That's 20 inches????  Must have been after it got tracked out..


----------



## Puck it (Oct 14, 2008)

Fresh 20" that morning.  It was in the late afternoon. We worked our way over there . We started at the Wildcat chair in the morning. Also got stuck in traffic getting into the LCC.


----------



## Marc (Oct 15, 2008)

From the Chic Choc trip last year.


----------



## severine (Oct 15, 2008)

I should really change mine...


----------



## ERJ-145CA (Oct 15, 2008)

Right now my desktop is a trail map of Bromley.  Also my screen saver cycles through a bunch of trail maps.


----------



## Paul (Oct 15, 2008)




----------



## Marc (Oct 15, 2008)

Paul, your desktop is set up similarly to mine, with the task bar vertically oriented.  Everyone makes fun of me for it, but it's so much less annoything seeing all the open windows, isn't it?  Yay pseudo efficiency.


----------



## bvibert (Oct 15, 2008)

Paul said:


>



You have an advertisement on your desktop?  That sucks...


----------



## bvibert (Oct 15, 2008)

Marc said:


> Paul, your desktop is set up similarly to mine, with the task bar vertically oriented.  Everyone makes fun of me for it, but it's so much less annoything seeing all the open windows, isn't it?  Yay pseudo efficiency.

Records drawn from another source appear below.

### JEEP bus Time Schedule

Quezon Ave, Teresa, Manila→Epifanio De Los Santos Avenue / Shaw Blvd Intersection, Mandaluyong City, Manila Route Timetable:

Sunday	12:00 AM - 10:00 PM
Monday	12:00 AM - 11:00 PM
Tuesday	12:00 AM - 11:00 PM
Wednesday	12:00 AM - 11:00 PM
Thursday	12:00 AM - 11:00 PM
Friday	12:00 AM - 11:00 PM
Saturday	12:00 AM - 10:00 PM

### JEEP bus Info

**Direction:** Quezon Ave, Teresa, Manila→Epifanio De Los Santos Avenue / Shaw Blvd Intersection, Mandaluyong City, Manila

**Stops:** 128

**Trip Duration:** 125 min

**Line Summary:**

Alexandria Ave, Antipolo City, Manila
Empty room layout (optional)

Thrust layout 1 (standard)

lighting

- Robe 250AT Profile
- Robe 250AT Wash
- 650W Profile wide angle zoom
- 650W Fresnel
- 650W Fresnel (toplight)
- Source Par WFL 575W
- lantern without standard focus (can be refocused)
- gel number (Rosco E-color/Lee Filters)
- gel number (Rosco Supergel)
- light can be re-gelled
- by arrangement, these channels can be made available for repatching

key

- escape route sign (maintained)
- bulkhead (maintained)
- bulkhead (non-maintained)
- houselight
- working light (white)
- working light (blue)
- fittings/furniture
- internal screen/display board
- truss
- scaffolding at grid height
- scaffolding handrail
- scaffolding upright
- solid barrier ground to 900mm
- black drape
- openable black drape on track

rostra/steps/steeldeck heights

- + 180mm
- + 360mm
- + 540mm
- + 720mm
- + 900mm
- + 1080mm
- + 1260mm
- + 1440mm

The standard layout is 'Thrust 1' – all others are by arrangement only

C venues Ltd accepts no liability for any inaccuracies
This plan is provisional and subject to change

I've tried the vertical taskbar thing, but just couldn't get into it...  I have mine on the bottom, expanded out to 3 rows.


----------



## RootDKJ (Oct 15, 2008)

I'm gonna give this a try.  Do you auto-hide your taskbar or not?


----------



## awf170 (Oct 15, 2008)

Marc said:


> From the Chic Choc trip last year.



Ski jones now = 10.  

BTW, are you coming to the work day this weekend?


----------



## mondeo (Oct 15, 2008)

Marc said:


> Paul, your desktop is set up similarly to mine, with the task bar vertically oriented. Everyone makes fun of me for it, but it's so much less annoything seeing all the open windows, isn't it? Yay pseudo efficiency.


 
I'm vertical as well, but on the left. I hate grouped icons; it's not that uncommon to have 3-4 folders, a couple internet explorer instances going, a couple command prompts, some Exceed stuff running, a couple Powerpoints, a spreadsheet, Outlook, and a couple emails. Going the 3-4 horizontal rows I'd need would take up too much space; with engineering stuff I can never have too much space on the screen. I just need an icon and a letter, and one click to activate the window I want. No clicking on the folder icon, and then picking the folder I want. It's just annoying.

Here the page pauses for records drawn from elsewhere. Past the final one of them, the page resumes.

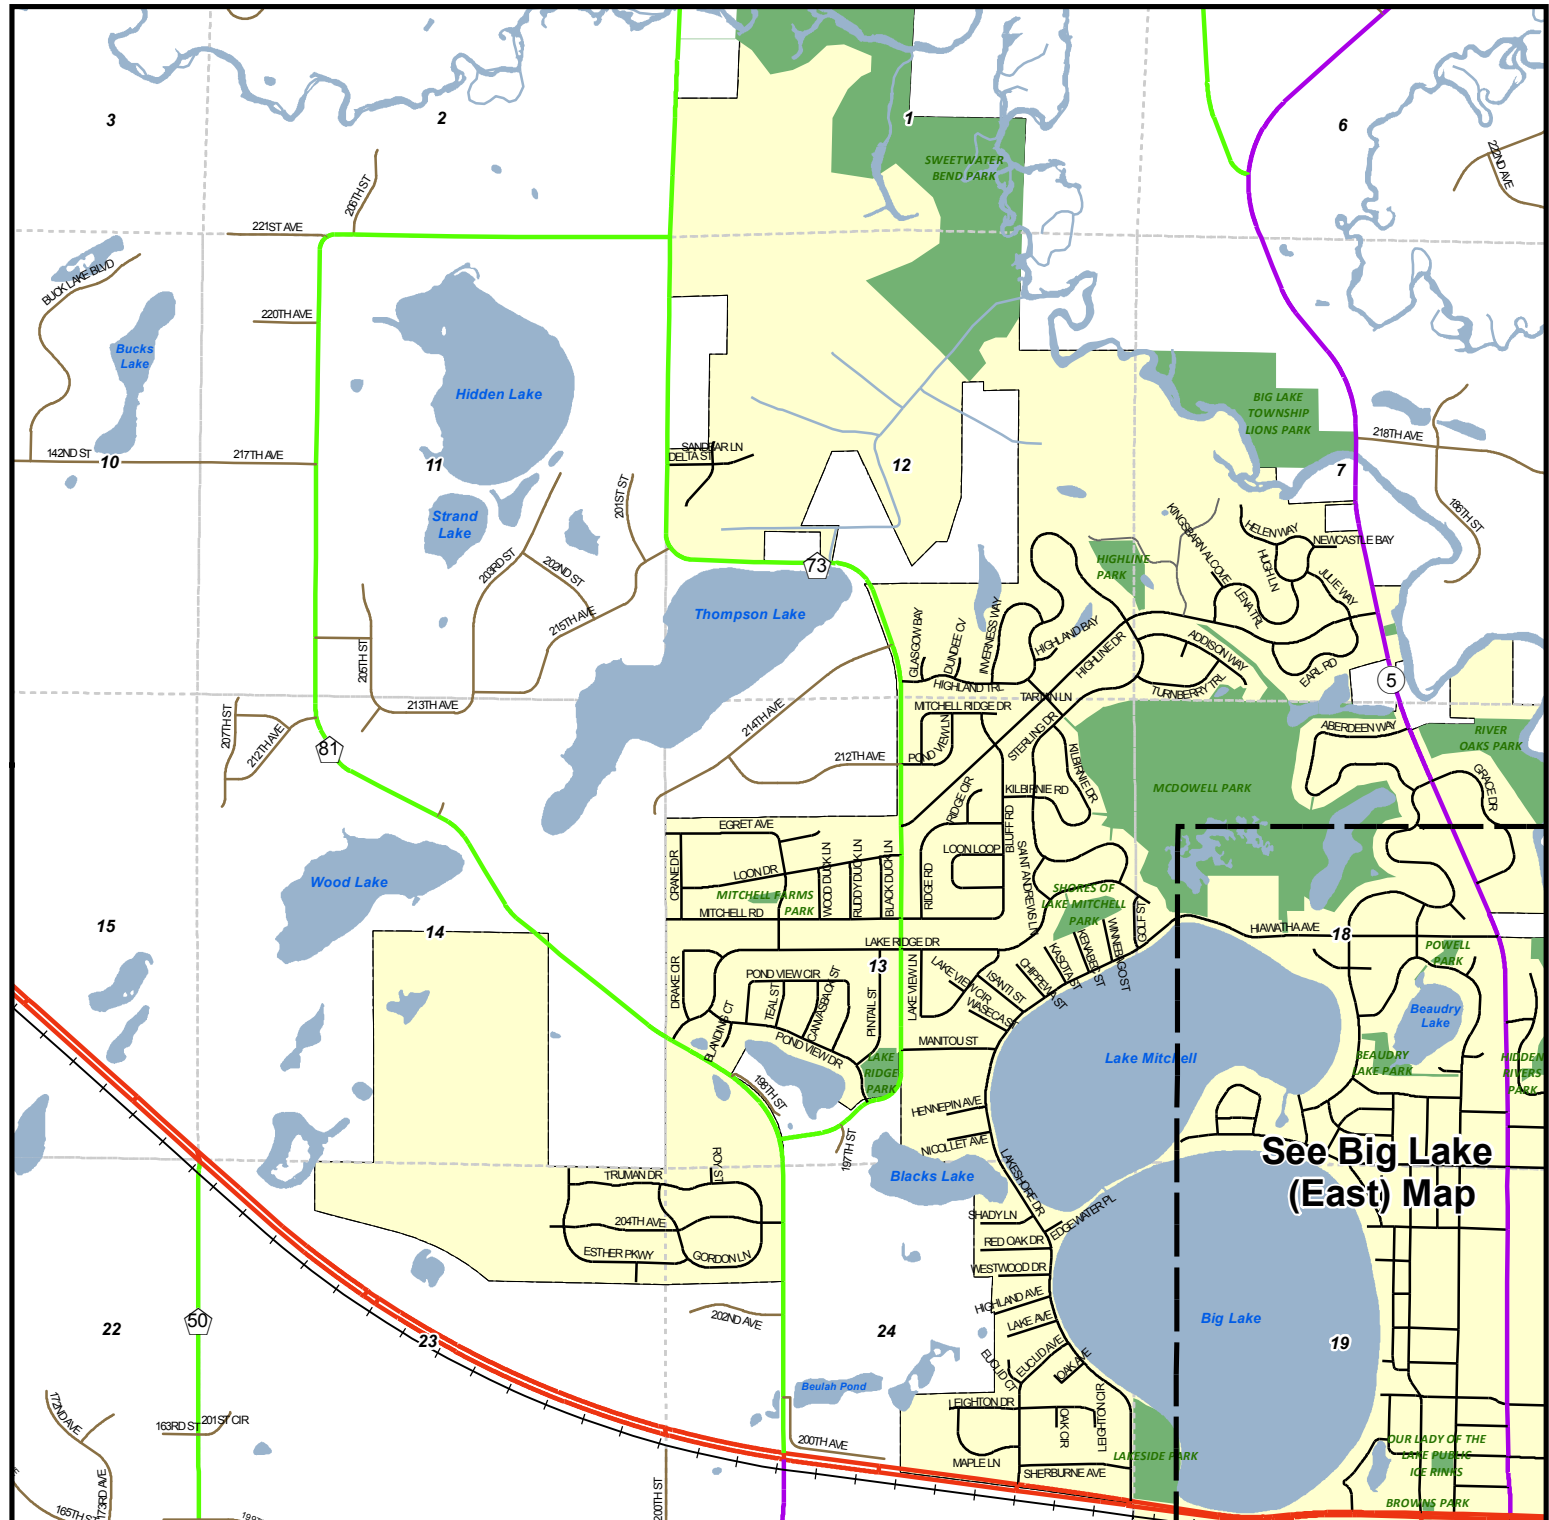

Roads

- US Highway
- State Highway
- County State Aid Highway (CSAH)
- Municipal State Aid Street (MSAS)
- County Road
- Township Road
- City Street
- Forest Road
- Refuge Road
- Private Road
- Railroad
- Section Lines
- City Limits
- Park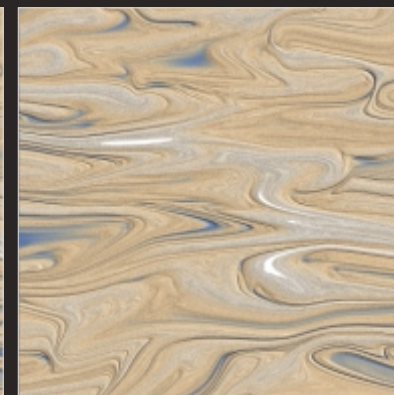

P
G
V
T

3D 07

WWW.BALAJICERAMICA.COM

BALAJI CERAMICA
WE BELIEVE IN QUALITY

600x
600mm

DIGITAL GLAZED
VITRIFIED TILES

3D
SERIES

P
G
V
T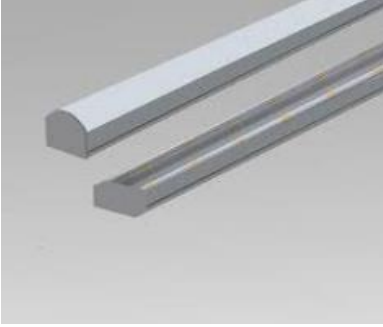

FAST LED BAR

Body	Extruded Aluminum
Diffuser	Opal PMMA
Source of Light	Power LED
Lumen/Watt	120Lm/W
Input Voltage	220-240V AC 50/60 Hz
Mounting	Surface
Dimensions	W:18mm H:110mm
Light Color	3000K-4000K-6500K
CRI	>80
Dim	DALI / 1-10V
IP Rating	IP40

CE  LED  IP40

Product Code	Product	Watt	Lumen	CRI	Light Color	Dimensions mm
DLT100/18.15	Surface	15W	1800Lm	>80	3000-4000-6500K	18x11x1000mm
DLT150/18.22	Surface	22W	2640Lm	>80	3000-4000-6500K	18x11x1500mm
DLT200/18.30	Surface	30W	3600Lm	>80	3000-4000-6500K	18x11x2000mm
DLT250/18.37	Surface	37W	4440Lm	>80	3000-4000-6500K	18x11x2500mm
DLT300/18.45	Surface	45W	5400Lm	>80	3000-4000-6500K	18x11x3000mm
DLT350/18.52	Surface	52W	6240Lm	>80	3000-4000-6500K	18x11x3500mm
DLT400/18.60	Surface	60W	7200Lm	>80	3000-4000-6500K	18x11x4000mm
DLT450/18.68	Surface	68W	8160Lm	>80	3000-4000-6500K	18x11x4500mm
DLT500/18.75	Surface	75W	9000Lm	>80	3000-4000-6500K	18x11x4500mm

The other nice thing is that with a laptop or my widescreen monitor at home, the side taskbar is a sorta out of the way.


----------



## Paul (Oct 15, 2008)

Marc said:


> Paul, your desktop is set up similarly to mine, with the task bar vertically oriented.  Everyone makes fun of me for it, but it's so much less annoything seeing all the open windows, isn't it?  Yay pseudo efficiency.





mondeo said:


> I'm vertical as well, but on the left. I hate grouped icons; it's not that uncommon to have 3-4 folders, a couple internet explorer instances going, a couple command prompts, some Exceed stuff running, a couple Powerpoints, a spreadsheet, Outlook, and a couple emails. Going the 3-4 horizontal rows I'd need would take up too much space; with engineering stuff I can never have too much space on the screen. I just need an icon and a letter, and one click to activate the window I want. No clicking on the folder icon, and then picking the folder I want. It's just annoying.
> 
> The other nice thing is that with a laptop or my widescreen monitor at home, the side taskbar is a sorta out of the way.



Great minds and all that....



bvibert said:


> You have an advertisement on your desktop?  That sucks...


I work for at&t.


----------



## bvibert (Oct 15, 2008)

mondeo said:


> I'm vertical as well, but on the left. I hate grouped icons; it's not that uncommon to have 3-4 folders, a couple internet explorer instances going, a couple command prompts, some Exceed stuff running, a couple Powerpoints, a spreadsheet, Outlook, and a couple emails. Going the 3-4 horizontal rows I'd need would take up too much space; with engineering stuff I can never have too much space on the screen. I just need an icon and a letter, and one click to activate the window I want. No clicking on the folder icon, and then picking the folder I want. It's just annoying.
> 
> The other nice thing is that with a laptop or my widescreen monitor at home, the side taskbar is a sorta out of the way.



I definitely agree with the grouped icon thing, that annoys the carp out of me.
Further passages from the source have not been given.